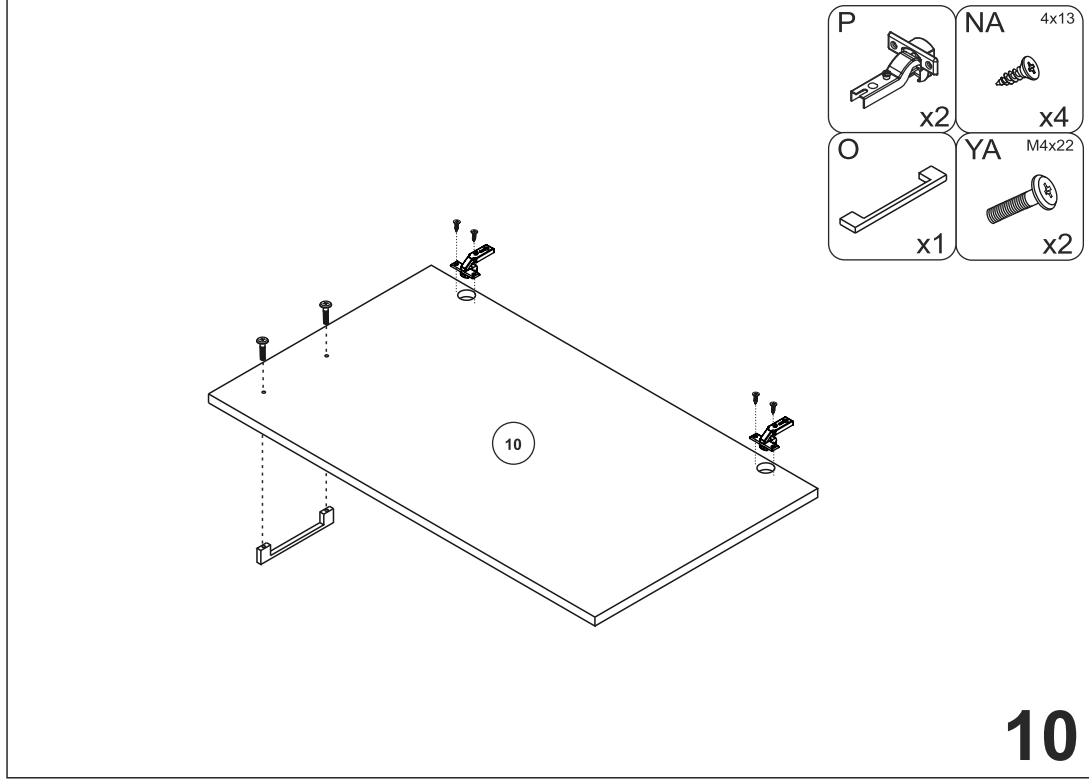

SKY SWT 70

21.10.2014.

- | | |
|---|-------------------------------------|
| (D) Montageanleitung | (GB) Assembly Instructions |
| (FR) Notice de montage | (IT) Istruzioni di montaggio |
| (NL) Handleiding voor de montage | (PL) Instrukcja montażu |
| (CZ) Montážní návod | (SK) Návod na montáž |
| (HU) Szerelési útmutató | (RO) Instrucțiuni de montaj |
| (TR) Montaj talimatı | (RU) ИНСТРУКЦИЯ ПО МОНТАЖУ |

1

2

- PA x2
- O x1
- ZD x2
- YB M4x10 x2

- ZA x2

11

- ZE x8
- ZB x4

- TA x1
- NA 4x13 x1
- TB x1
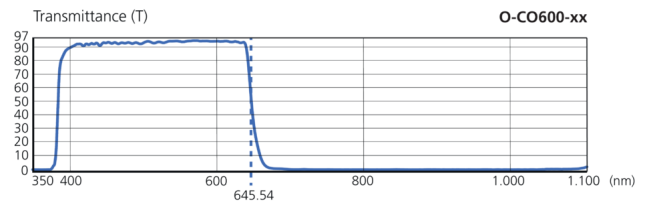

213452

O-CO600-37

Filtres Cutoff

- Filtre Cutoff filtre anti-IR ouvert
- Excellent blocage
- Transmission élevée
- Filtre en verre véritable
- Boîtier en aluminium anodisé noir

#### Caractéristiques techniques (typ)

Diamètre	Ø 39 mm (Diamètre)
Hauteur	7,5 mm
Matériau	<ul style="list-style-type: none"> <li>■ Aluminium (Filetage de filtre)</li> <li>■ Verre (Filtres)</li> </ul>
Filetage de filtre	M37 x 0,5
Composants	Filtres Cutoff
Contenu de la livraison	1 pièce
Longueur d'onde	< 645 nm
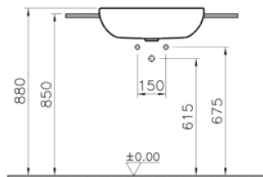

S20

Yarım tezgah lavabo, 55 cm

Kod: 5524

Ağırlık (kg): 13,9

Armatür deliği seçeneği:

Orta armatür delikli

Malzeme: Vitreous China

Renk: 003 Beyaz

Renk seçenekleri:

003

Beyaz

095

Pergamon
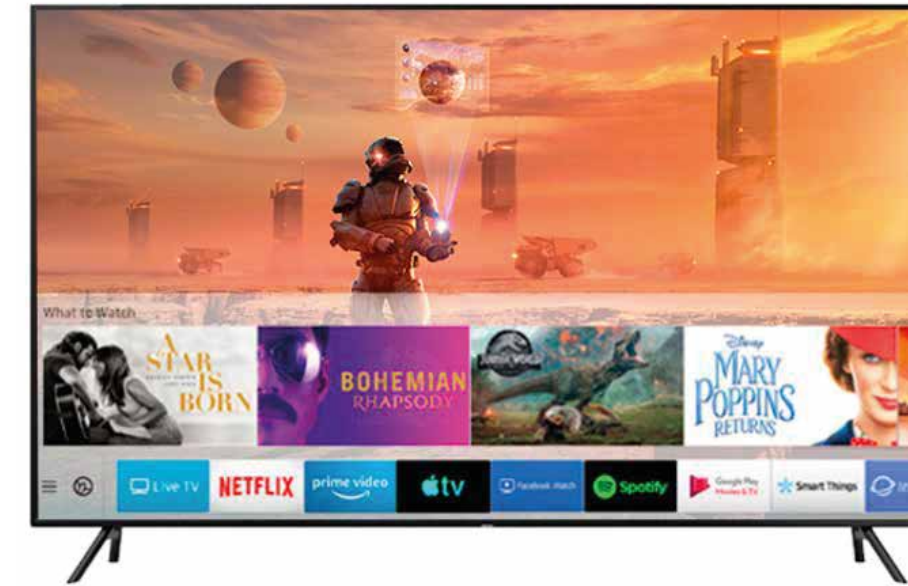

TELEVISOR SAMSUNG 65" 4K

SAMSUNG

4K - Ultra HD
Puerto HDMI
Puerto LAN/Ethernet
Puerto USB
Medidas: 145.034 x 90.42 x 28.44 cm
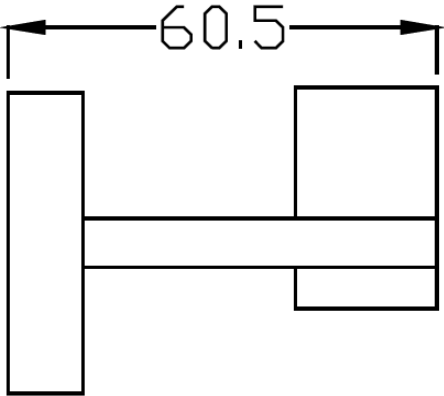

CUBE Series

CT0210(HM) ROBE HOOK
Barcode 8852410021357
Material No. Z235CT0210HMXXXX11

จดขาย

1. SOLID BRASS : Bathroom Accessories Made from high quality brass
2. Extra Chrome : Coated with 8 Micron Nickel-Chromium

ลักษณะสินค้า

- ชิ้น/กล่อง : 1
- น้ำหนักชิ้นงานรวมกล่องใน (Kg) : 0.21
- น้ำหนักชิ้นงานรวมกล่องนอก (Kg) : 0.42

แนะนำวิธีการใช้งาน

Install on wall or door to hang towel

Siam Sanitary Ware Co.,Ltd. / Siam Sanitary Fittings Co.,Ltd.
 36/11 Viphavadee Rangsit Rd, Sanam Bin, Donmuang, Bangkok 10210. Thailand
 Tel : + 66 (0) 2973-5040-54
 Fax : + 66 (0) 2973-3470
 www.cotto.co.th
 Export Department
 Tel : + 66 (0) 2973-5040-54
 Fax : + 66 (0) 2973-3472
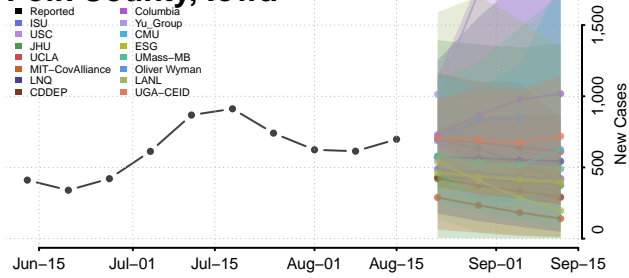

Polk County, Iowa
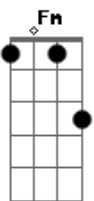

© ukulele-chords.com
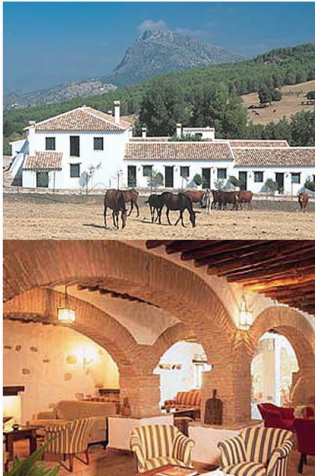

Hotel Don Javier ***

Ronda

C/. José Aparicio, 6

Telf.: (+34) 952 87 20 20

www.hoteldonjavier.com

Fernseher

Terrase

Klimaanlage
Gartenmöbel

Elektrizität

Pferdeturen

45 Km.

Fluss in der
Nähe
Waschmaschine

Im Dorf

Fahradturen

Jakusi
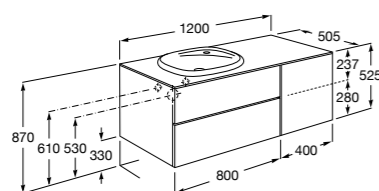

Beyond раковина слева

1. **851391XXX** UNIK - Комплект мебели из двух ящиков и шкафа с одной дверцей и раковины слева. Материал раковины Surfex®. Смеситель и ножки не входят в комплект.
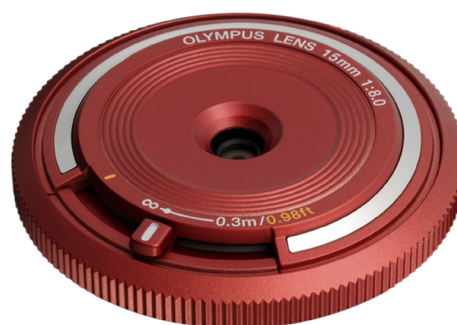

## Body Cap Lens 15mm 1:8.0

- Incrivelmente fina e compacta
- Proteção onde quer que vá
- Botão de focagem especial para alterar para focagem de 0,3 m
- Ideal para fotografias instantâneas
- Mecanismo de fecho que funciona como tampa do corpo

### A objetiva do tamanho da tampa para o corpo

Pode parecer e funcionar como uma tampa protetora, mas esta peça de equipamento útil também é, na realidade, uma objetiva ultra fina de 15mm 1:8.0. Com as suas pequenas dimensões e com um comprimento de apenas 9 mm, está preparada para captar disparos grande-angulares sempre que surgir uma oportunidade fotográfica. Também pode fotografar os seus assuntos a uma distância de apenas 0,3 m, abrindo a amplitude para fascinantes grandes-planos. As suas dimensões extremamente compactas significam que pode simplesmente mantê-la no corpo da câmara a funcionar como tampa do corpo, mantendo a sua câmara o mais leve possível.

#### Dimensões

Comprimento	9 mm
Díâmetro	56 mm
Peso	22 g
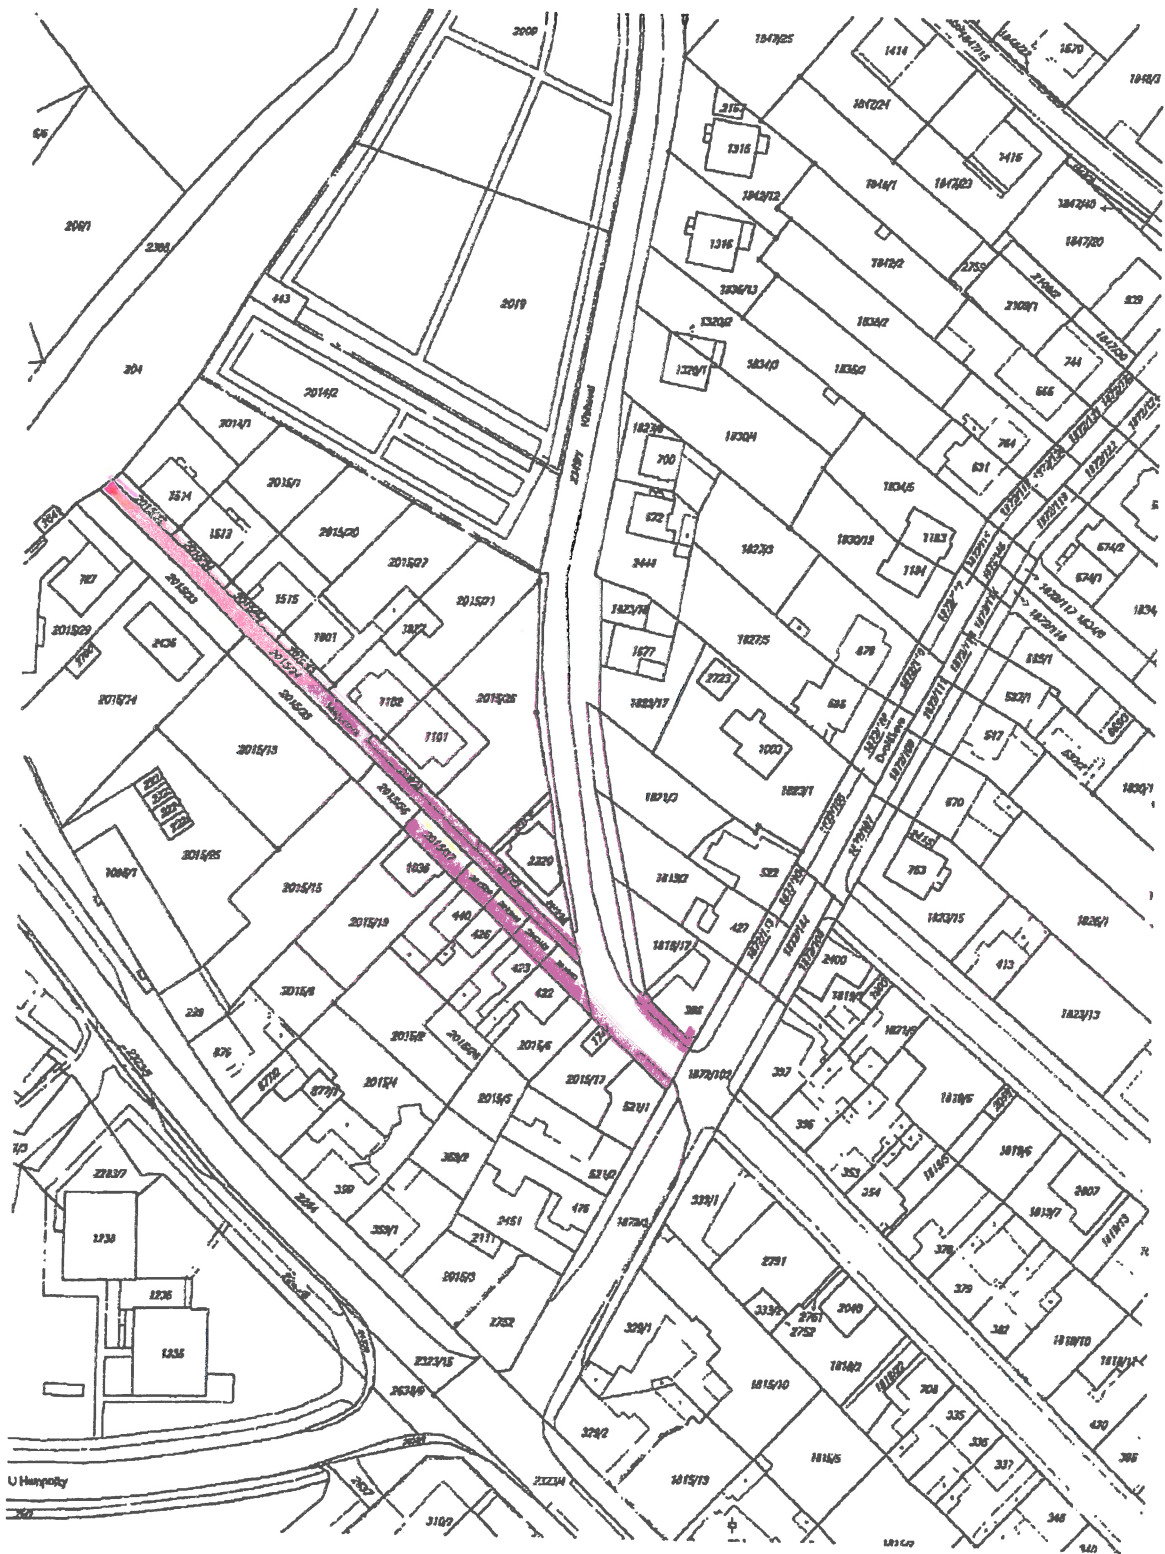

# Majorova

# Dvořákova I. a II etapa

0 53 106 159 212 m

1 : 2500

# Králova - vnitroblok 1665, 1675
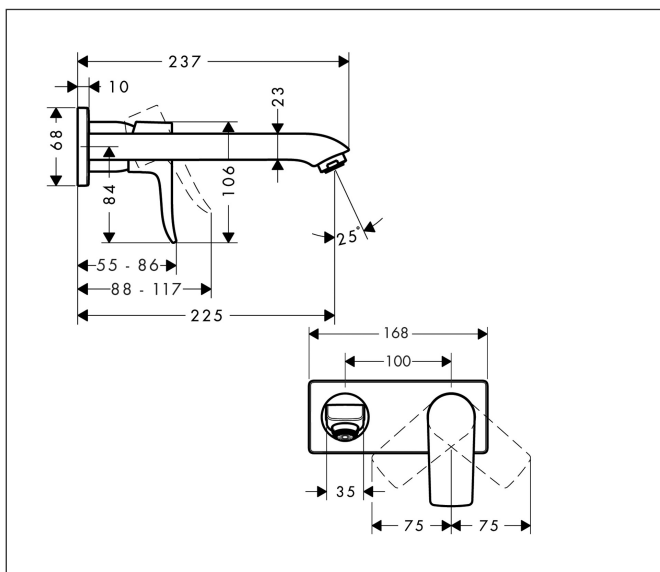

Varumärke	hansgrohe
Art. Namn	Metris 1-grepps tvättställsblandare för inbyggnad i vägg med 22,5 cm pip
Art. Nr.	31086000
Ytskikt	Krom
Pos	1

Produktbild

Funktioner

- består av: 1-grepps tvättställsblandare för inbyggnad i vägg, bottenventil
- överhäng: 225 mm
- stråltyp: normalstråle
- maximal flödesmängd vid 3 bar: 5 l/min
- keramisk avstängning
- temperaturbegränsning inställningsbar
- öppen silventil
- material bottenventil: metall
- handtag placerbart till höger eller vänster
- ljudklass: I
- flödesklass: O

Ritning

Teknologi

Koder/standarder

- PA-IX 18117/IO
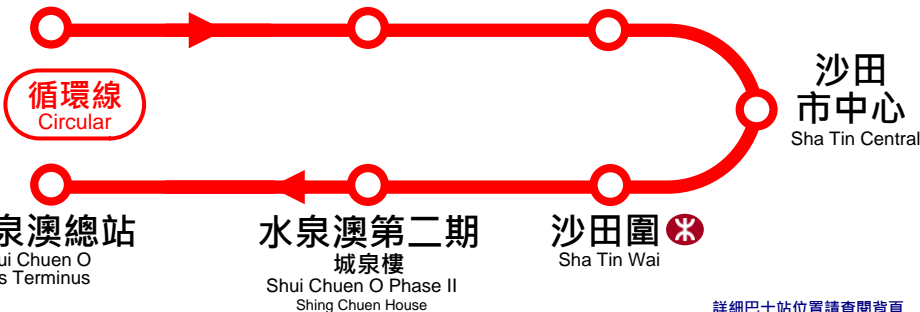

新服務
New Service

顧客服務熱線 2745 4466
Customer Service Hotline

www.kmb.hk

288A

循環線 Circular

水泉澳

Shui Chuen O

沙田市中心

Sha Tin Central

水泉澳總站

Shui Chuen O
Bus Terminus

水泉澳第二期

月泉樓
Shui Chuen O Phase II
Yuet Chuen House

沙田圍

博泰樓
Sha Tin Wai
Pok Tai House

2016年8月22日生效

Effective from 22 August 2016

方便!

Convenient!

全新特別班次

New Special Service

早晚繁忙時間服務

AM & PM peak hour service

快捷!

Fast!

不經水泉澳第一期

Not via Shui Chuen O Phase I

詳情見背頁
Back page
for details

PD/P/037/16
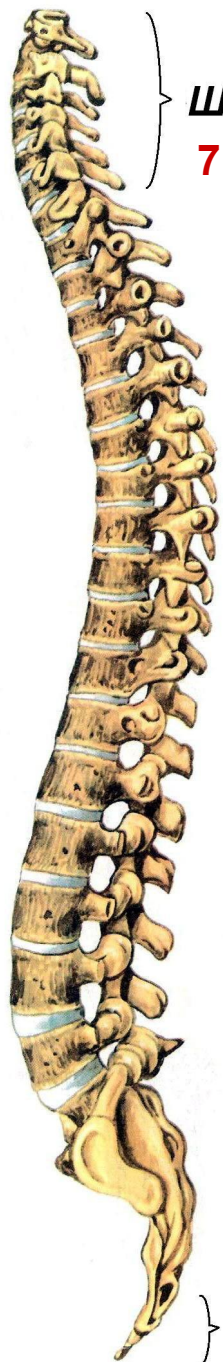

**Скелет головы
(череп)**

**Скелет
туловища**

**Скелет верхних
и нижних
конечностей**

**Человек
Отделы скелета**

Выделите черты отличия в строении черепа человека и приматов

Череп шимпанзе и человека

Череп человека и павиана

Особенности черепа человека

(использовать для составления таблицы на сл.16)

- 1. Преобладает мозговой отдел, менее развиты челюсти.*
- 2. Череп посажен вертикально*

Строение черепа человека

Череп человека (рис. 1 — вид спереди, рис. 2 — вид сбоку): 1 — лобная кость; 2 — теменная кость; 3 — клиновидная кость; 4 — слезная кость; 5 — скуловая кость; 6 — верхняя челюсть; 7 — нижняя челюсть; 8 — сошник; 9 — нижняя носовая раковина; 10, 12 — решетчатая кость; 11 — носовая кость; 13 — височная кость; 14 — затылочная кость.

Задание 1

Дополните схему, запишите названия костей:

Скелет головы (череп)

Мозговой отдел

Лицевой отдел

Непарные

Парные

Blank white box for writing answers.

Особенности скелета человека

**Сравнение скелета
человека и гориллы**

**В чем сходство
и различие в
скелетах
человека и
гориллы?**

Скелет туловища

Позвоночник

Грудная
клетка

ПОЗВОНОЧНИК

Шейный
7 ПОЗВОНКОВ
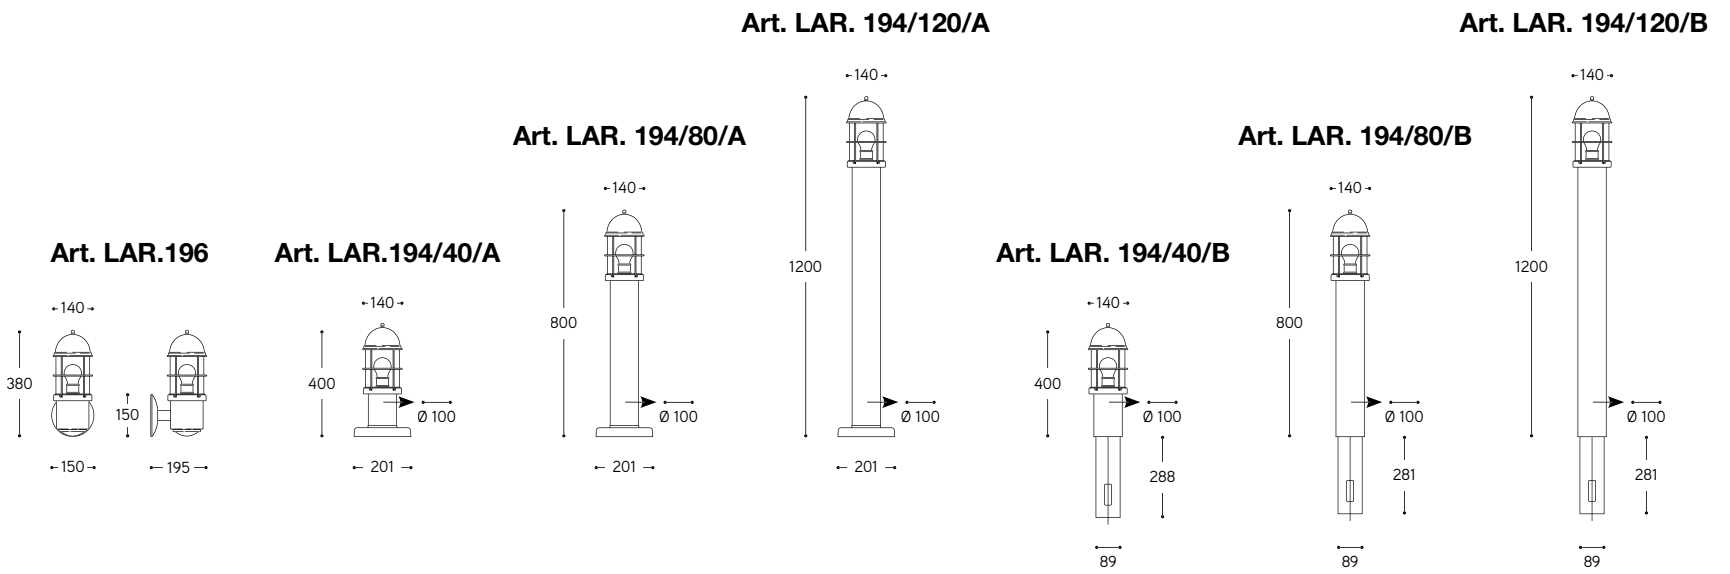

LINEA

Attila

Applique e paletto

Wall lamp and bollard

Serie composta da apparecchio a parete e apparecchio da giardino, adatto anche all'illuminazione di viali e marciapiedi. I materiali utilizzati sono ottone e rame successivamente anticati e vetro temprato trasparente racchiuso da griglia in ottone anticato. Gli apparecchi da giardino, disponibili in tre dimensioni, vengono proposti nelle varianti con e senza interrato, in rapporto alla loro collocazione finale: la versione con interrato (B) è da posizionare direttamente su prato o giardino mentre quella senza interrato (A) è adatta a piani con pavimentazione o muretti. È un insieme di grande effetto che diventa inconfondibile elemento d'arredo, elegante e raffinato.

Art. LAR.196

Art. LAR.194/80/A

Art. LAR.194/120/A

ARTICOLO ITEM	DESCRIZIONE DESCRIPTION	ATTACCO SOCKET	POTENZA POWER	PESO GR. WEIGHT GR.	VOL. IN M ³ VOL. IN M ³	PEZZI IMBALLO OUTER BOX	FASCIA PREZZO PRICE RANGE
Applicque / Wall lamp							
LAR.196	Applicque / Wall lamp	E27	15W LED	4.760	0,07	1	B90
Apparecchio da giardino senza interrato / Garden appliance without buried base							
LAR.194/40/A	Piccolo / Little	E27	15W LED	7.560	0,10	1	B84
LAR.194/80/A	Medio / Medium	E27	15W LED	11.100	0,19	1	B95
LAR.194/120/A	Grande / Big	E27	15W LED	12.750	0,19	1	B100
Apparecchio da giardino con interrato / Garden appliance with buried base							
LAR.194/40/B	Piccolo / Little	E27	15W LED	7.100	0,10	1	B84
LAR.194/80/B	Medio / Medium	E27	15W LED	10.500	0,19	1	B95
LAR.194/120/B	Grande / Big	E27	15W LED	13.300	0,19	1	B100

════════

### ASSIGNED TASK
Based on the entries above, please state how many lines include "lamp", leaving out everything else.

### COMPLETED TASK
3